This week, Cooper Union student organizers preparing for an Occupy Wall Street protest against student debt were energized and infuriated by their school’s decision to introduce tuition in the graduate program. In a move announced in the New York Times on Tuesday, Cooper Union will begin charging tuition to students in the graduate program; previously, all students at Cooper Union received full scholarships to attend the prestigious school for art and architecture as part of the university’s historic mission and mandate. Undergraduate education will remain free “for now,” according to the college’s president.

On Wednesday afternoon, students gathered in Cooper Square, a plaza just south of Astor Place, and enclosed by the college’s two buildings: the arched brownstone Foundation Building, and the rippling, gouged metallic facade of 41 Cooper Square. Before marching to Union Square to join a larger demonstration there, Cooper students condemned the actions of the school board.

Eduardo Alfonso, an undergraduate studying architecture at Cooper, watched the protest from steps on the park’s north side. He said that in the small school, the contentious decision has been subject to considerable discussion and speculation. “There’s a question,” he said, “if the compromise with the graduate program is priming for future changes.”

Aaron Fowler, an undergraduate in Cooper Union’s art school, said that the decision had been first announced in the New York Times, not to the student body directly. “It really changes the dynamic of the school,” said Fowler, citing Cooper Union’s 110-year mission to provide free education.
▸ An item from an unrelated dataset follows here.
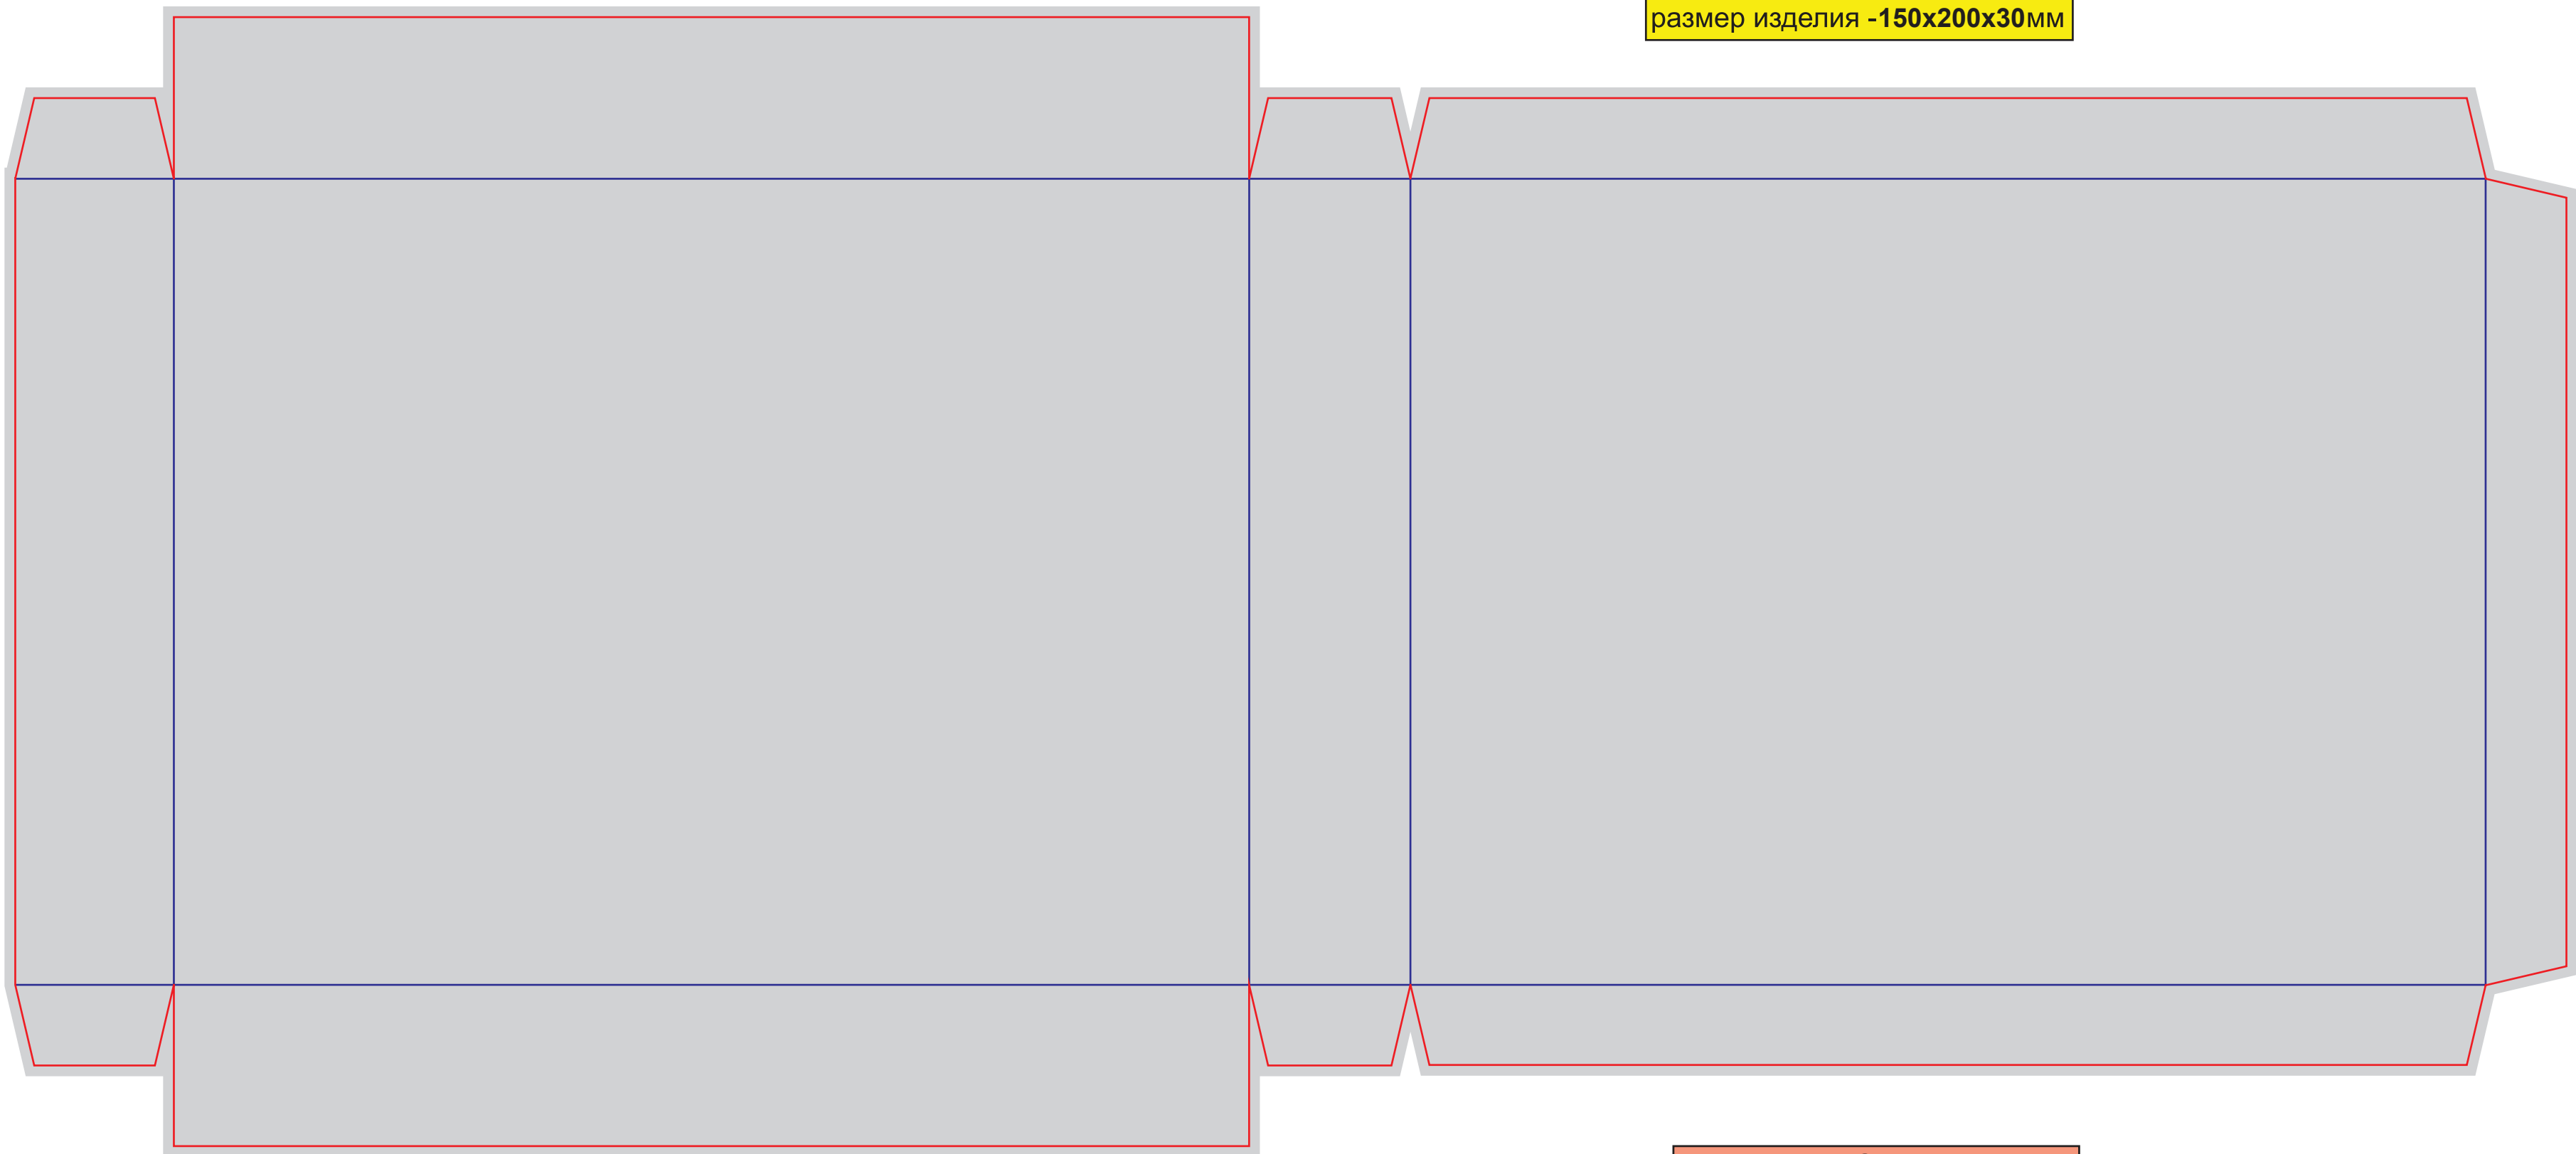

размер штампа - 475 x 210 мм

размер изделия - 150x200x30мм

Файл штампа - BOX33_150x200x30

Fowler said that this mission, now being called in to question, provides an “even playing field” for prospective students to compete on merit, not money.

One demonstrator took his protest to a new level — quite literally. Jesse Kreuzer, a Cooper Union alumnus, climbed the towering statue of Peter Cooper, the school’s founder. As passers-by looked up curiously, Kreuzer danced to his iPod and waved his large sign: “NO TUITION IT’S OUR MISSION.”

NYU Local spoke with Kreuzer by phone from the plaza some 30 feet below. “This is a stunt for media attention,” Kreuzer admitted, “but they don’t seem to be paying much attention.” Kreuzer agrees that Cooper’s tuition-free model is central to its identify. “It’s what makes this school what it is. It’s what makes it so beautiful.”

Kreuzer, like many of his peers, takes pride in Cooper’s unique tuition-free model. “Few institutions of higher learning that are free. The Board is talking about charging tuition which goes against the 100-year mission,” he said. “If that were to happen, it would represent the death of an ideal.”

At the time, Kreuzer said that the police “don’t seem to care,” and considered climbing down to march to the larger rally in Union Square. Within a few hours, however, NYPD had taped off the area around the statue and were working to coax the 23-year-old alumnus down. He got his press coverage: New York Times’ East Village Local blog reported that at 6:44, the activist was retrieved from the top of the statue in an NYPD cherry picker and placed under arrest.